Spirituality & Perception – Paper 14 Assisi: city of SS Francis and Clare – Reflections on a short visit
A visit
of five days to Assisi in Italy in October 2012 lends itself to making some
connections between built environment and theology. I do this in three
sections as follows: Built environment: encountering Assisi Theology: encountering SS Francis and Clare Building-Theology interface: the
Franciscan religious buildings of Assisi and its surrounding area
Built
environment: encountering Assisi As I
encountered Assisi for the first time, three things struck me forcibly about
it: First,
although it has a present day population of 25000, it is still essentially a
medieval, mountainside city. It faces south, the direction from which we
approached it. From west to east some half dozen main roads follow the
contours of Mount Subasio. These are connected by steep, narrow,
hairpin-type roads and numerous sets of steps, some narrow, some wider. Some
of the west-east roads widen out to accommodate the Piazza del Commune (or
Town Hall Square) and some smaller squares and forecourts. Because of the
steepness of the mountainside, many buildings have several floors both above
and below their road level entrance. Whether indoors or out, one is never
far from a place where one can look out over the southern vista. For flat-landers
it takes a while to adjust to this kind of urban layout, verticality and
topography but when one does, it becomes a renewing experience, giving a
shape to space and place of a kind different from that to which one is
accustomed. While necessarily there are some modern areas to the city, as
they are located on the plain at the foot of the mountainside, they do not
harm the integrity of the medieval city which one enters and leaves through
its gateway structures. Second,
almost every building, every wall and every road or stairway is constructed
of limestone. Mostly it is of various shades of grey but perhaps 10% is
pink, reflecting the mix in local quarries. Most ordinary houses, hotels and
shops are of a vernacular nature. Generations of masons have simply taken
the stone that is to hand and laid it in mortar in an uncoursed, random way
to make an everyday structure. As one walks and looks, there is a great
feeling of timeless stability; I noticed only one significant structural
crack. Every now and again a house stands out because it has been
purpose-designed with arches and pediments over the windows and doors and
the general masonry laid in straight, regular courses.
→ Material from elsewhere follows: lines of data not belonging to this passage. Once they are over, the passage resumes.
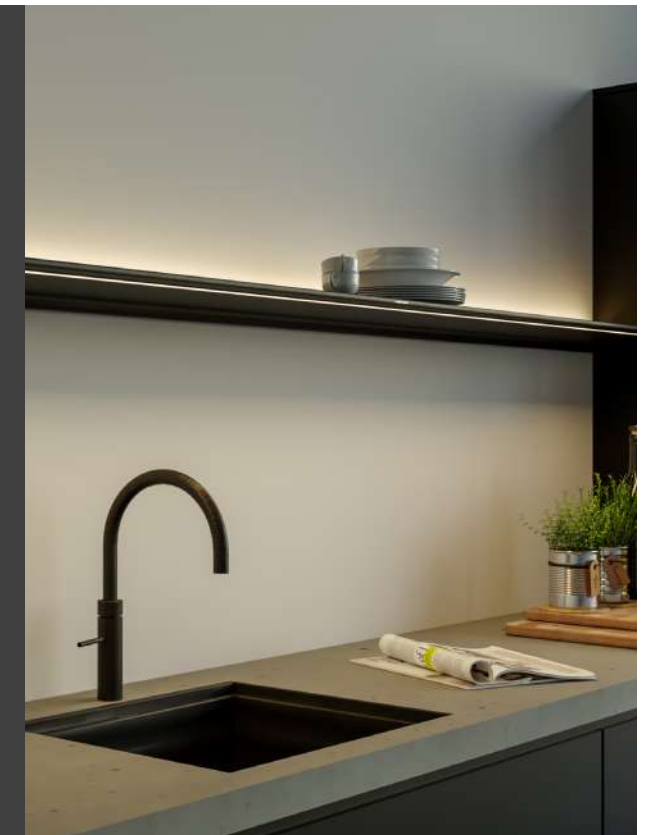

## SHELF 1

De moderne keuken is ruimtelijk. Door het gebruik van bovenkasten kan deze ruimtelijkheid verloren gaan. In deze situatie is de Shelf de perfecte oplossing. Het minimalistisch ontwerp vormt een mooi silhouet aan de muur. De Shelf biedt, naast wat extra ruimte voor accessoires, dankzij zijn geïntegreerde verlichting het optimale licht op je werkblad. Geen functioneel licht meer nodig op het werkblad? Dan schakel je met een simpel gebaar over naar de sfeerverlichting aan de bovenzijde van de Shelf. Je persoonlijke touch geven aan de ruimte? Een kleur instellen kan ook!
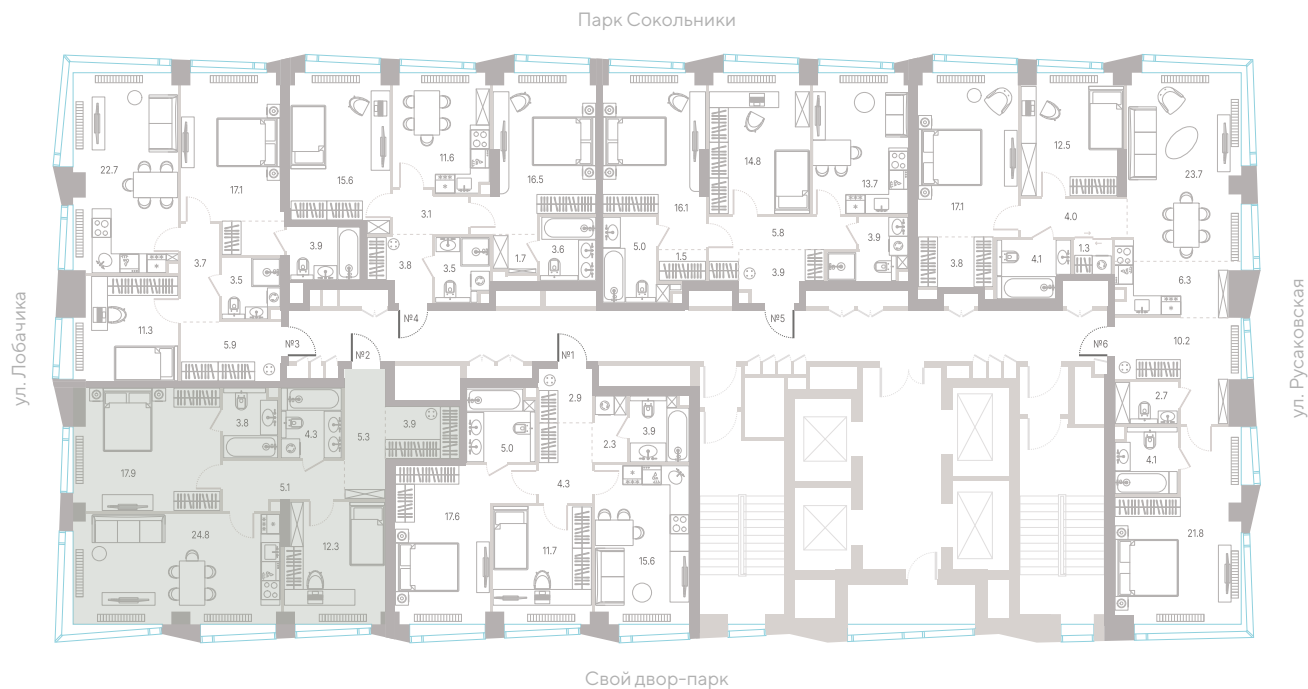

Квартира № 676

2.2 корпус
6 секция
28/39 этаж

77,4 м² площадь
2 спальни
3,0 м высота потолка

42 871 860 Р

СТОИМОСТЬ

- Угловое остекление
- Гардеробная
- Мастер-спальня
- Несколько санузлов
- Угловая кухня-гостиная
- Окна в пол
- Вид во двор
- Окна на 2 стороны света
- Вид на пруд
- Вид на Сталинские высотки
- Окна на закат

Офис продаж
Москва, ул. Шумкина, 18

Телефон
+7 (495) 085-69-94

[Смотреть на сайте](#)

One such just
opposite the hotel where I was staying, looked as though it had been taken
straight from the masonry section of Mitchell's Building Construction which
I studied in London when a young student. However, it subsequently occurred
to me that it was more likely that the authors of Mitchell would have
travelled round Europe recording what they saw and sorting examples into
categories for teaching and learning. If that were the case, building
knowledge would go from practice to book, rather than from book to practice.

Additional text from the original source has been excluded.